Thursday, November 19, 2009

Immigrants use civil lawsuits to protest raids by federal agents

This excerpt is from the article "Putting Heat On ICE" published by Connecticut Law Tribune Monday, November 16, 2009
Copyright 2009, ALM Properties, Inc.

In May 2006, the federal Immigration and Customs Enforcement agency launched “Operation Return To Sender.” The goal: track down, arrest and deport undocumented immigrants, particularly felons, gang members and other dangerous types.

Since then, ICE agents have conducted scores of raids on homes and workplaces. Advocacy groups and lawyers say some agents have been overly zealous, and the advocates have regularly gone to court to try to void arrests and block deportations. But in what seems to be a small, but significant trend, some have also gone on the offensive, filing civil lawsuits against ICE and its agents.

The most recent example is in Connecticut, where a Yale School of Law legal clinic has filed suit on behalf of 10 undocumented immigrants whose homes were raided in June 2007. Immigration attorneys differ on whether the claim has much chance of success. But most agree that litigation is an interesting strategy that could buy time in America for the clients and give ICE officials reason to reconsider tactics.

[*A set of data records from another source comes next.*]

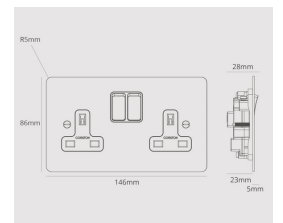

[Black Insert]
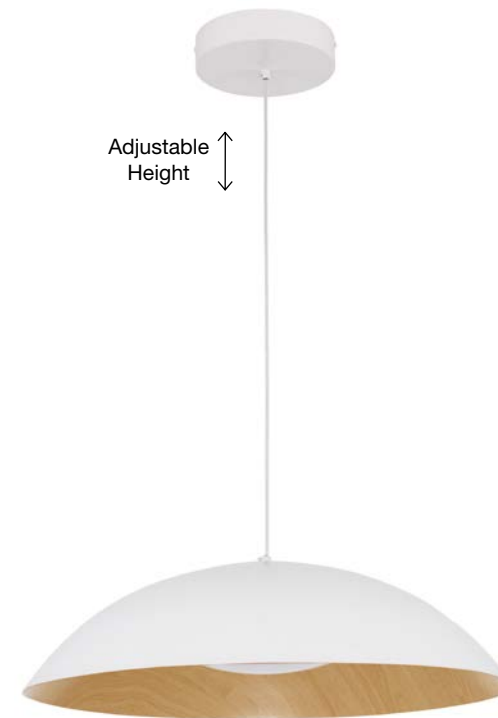

Adjustable
Height

LONDON - 86009

Triac Dimmable

Black Aluminium Outside
Copper Inside & Acrylic
LED 41 Watt 230 Volt
3603Lm 3000K IP20
D: 58 H: 17 H2: 170 cm

Adjustable
Height

GLIM - 9081280

Triac Dimmable

Sandy White Outside
Natural Wood Inside
Aluminium & Acrylic
LED 42 Watt 230 Volt
2015Lm 3000K IP20
D: 58 H: 120 cm

Attorney Alex Meyerovich, of Bridgeport’s M.C. Law Group, called the lawsuit part of a “cat and mouse game” between federal agents and advocates for immigrants. Similar claims have been filed following sweeps on immigrant homes in New Jersey, New York, Georgia and Northern California in recent years.

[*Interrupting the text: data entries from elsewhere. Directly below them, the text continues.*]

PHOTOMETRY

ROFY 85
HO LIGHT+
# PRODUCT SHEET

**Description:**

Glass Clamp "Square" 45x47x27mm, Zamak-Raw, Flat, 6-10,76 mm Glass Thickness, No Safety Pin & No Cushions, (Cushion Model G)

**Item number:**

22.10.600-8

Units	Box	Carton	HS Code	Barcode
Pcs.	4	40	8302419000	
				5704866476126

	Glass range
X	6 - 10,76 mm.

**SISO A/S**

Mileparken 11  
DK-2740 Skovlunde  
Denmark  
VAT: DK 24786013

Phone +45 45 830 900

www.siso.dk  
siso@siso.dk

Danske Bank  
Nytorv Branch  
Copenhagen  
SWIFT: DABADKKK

“What Yale is trying to do is to intimidate ICE,” said Meyerovich. “To show there is a potential liability if they step over an invisible border. It doesn’t matter if [the lawsuit] succeeds or fails. It’s an important power struggle.”

Meyerovich has few kind words for ICE agents, calling some of them “vigilantes.” But he also would not endorse the civil rights lawsuit. “If illegal immigrants succeed in this lawsuit, the message might come out, if you come into the country illegally and get arrested, your rights were violated. I think it’s the wrong message.”